Evenson has spent a good deal of his retirement tracking down not just MacQuarrie stories but also tracing MacQuarrie’s footsteps. Like MacQuarrie, Evenson knows well the back roads, rivers and lakes of Northwestern Wisconsin, and he’s been able to find most of MacQuarrie’s spots that were given only private nicknames in the stories.
“Dave has found most of them by himself. He leads our tours,’’ Bergman said, referring to the increasingly popular MacQuarrie Pilgrimage weekend, set for September. More than two dozen people came last year to follow Evenson and hear trivia and stories while walking the same ground MacQuarrie did.
Perhaps Evenson’s most enduring work was finding MacQuarrie’s Milwaukee Journal columns, now in an electronic library, and reviving some of the stories that hadn’t seen daylight in 60, 70 even 80 years. Evenson at first pushed the newspaper to publish the stories, but officials at what is now the Journal-Sentinel said the book would never sell. They eventually gave Evenson and the Barnes Area Historical Association permission to use what they saw fit, no charge.

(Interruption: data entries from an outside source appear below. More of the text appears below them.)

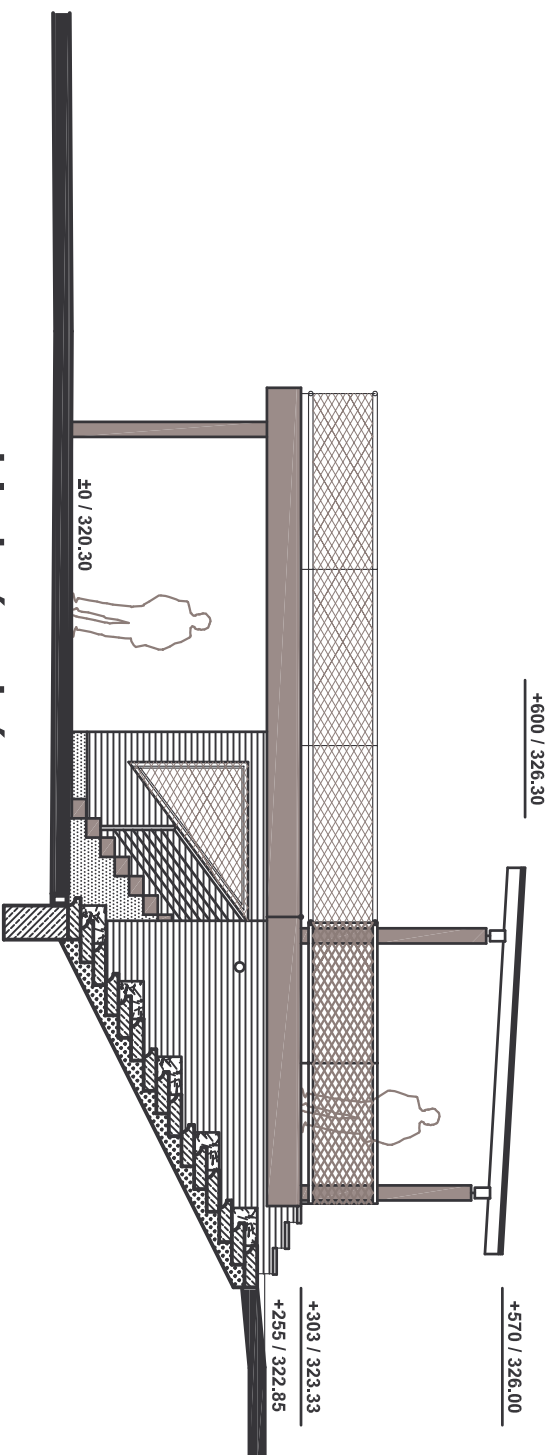

**pohled severní**

**pohled západní**

**pohled východní**

- komurkové plexisklo / barva čírá
- pohledový beton / barva přírodní
- dřevěný obklad / palubky barva středně hnědá
- keramický obklad - Taurus / barva šedá
- Gabionové zdičky
- dveře okna / dřevěná v barvě obkladu
- klamprfské prvky / titanínkový plech
- zabradlí, předokenní mříže / nerezová lanka v rámu

**pohled jižní**

So Evenson last year published “Right Off The Reel,” a collection of 85 MacQuarrie newspaper columns by the same name. More than 800 copies have been sold so far.
“This book is introducing MacQuarrie to a whole new audience... We’re hoping younger people we see this and get interested,’’ Bergman said. “But for us MacQuarrie fans, this is huge. Most people have never seen these stories; we weren't alive when they were published in the newspaper and they haven't been published again until Dave got going.”
Evenson hopes to finish his next book, “Dogs, Dink and Drivel’’ with dozens more MacQuarrie newspaper columns later this year.